The First Corporation was built on Content


In 1906, Sears Roebuck opened a mail-order plant in Chicago. Sears Roebuck was one of the very first large corporations. It was in the mail-order business. It used content to make the sale. It was the largest business building in the world. The Sears catalogue stated that the plant was using “every known mechanical appliance for reducing labor.” It was said that Henry Ford visited the plant.

Richard Sears “was a copywriter of genius” according to The Company, a book by John Micklethwait and Adrian Wooldridge. So, Richard Sears was a writer. His corporation certainly excelled at many other things, but it was built on the ability to write well.

Content has rarely been recognized as being an important contribution to business growth and productivity. But it was the foundation upon which the first truly modern corporation was built. Richard Sears began as a station master in a small Minnesota town. Because he had an eye for content he was able to create a business empire.

Sears Roebuck was in the business of mail-order; the business of direct sales. This is the same business that Amazon, and every other website, is in. It is the business of using content to get a result. If you have a website-an intranet or public website-you are in the business of using content to get a result. But what result?

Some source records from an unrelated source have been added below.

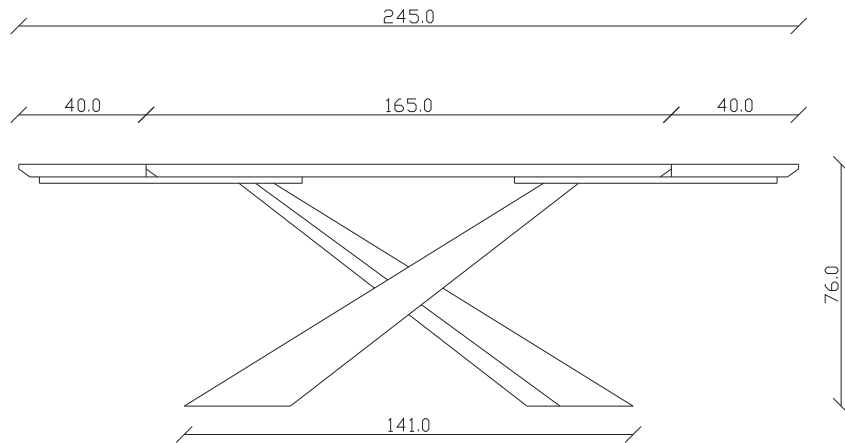

art. T096

L 220 x P110 x H 77 cm

TAVOLO VISTA FRONTALE LATO CORTO
front view of the short side of the table

TAVOLO VISTA FRONTALE LATO LUNGO
front view of the long side of the table

TAVOLO VISTA DALL'ALTO
table top view

art. T097

L 240 x P120 x H 77 cm

TAVOLO VISTA FRONTALE LATO CORTO
front view of the short side of the table

TAVOLO VISTA FRONTALE LATO LUNGO
front view of the long side of the table

TAVOLO VISTA DALL'ALTO
table top view

art. T557
L 165/450 x P100 x H 76 cm

TAVOLO VISTA FRONTALE LATO CORTO
front view of the short side of the table

TAVOLO VISTA FRONTALE LATO LUNGO
front view of the long side of the table

TAVOLO VISTA DALL'ALTO
table top view

art. T556
L165 x P90 x H 74 cm

TAVOLO VISTA FRONTALE LATO CORTO
front view of the short side of the table

TAVOLO VISTA FRONTALE LATO LUNGO
front view of the long side of the table

TAVOLO VISTA DALL'ALTO
table top view

Most managers do not respect writers. They don’t believe that content delivers direct, measurable results. If a young Richard Sears was joining a web team today as a copywriter he would get paid much less than if he was joining that same team as a programmer. And why is that?

The fact that content is not respected today as delivering business value is not the problem of management. It is your problem. You, the content professional, need to solve this problem, and not wait for some mythical moment when management finally “gets it.”

People who create content, unfortunately, are often their own worst enemies. They see writing a good piece of content as the objective. That is not the objective. The objective is to make a sale. The objective is to help a customer solve a problem. The objective is to help a staff member decide which health care plan is best for them.

What problem is your content seeking to solve? Richard Sears saw that rural America faced limited choice and high prices. Content was a key part of a wider choice, lower price solution.

You must show how your content delivers measurable value. You must use numbers to prove your case. Forget about number of visitors, page views, etc. These are all primitive metrics that are often misleading, and rarely indicative of genuine value.

If you are a government website, are you helping people renew their driving license? How much easier and faster have you made it compared to how it was before? It’s all about the tasks.

A website that cannot identify real tasks and make those tasks easier and faster has no purpose because it delivers no value.

Richard Sears might start off on a low salary, but within a year he would be the highest paid on the team. He would have proven how his words made the sale, delivered the service and built the brand.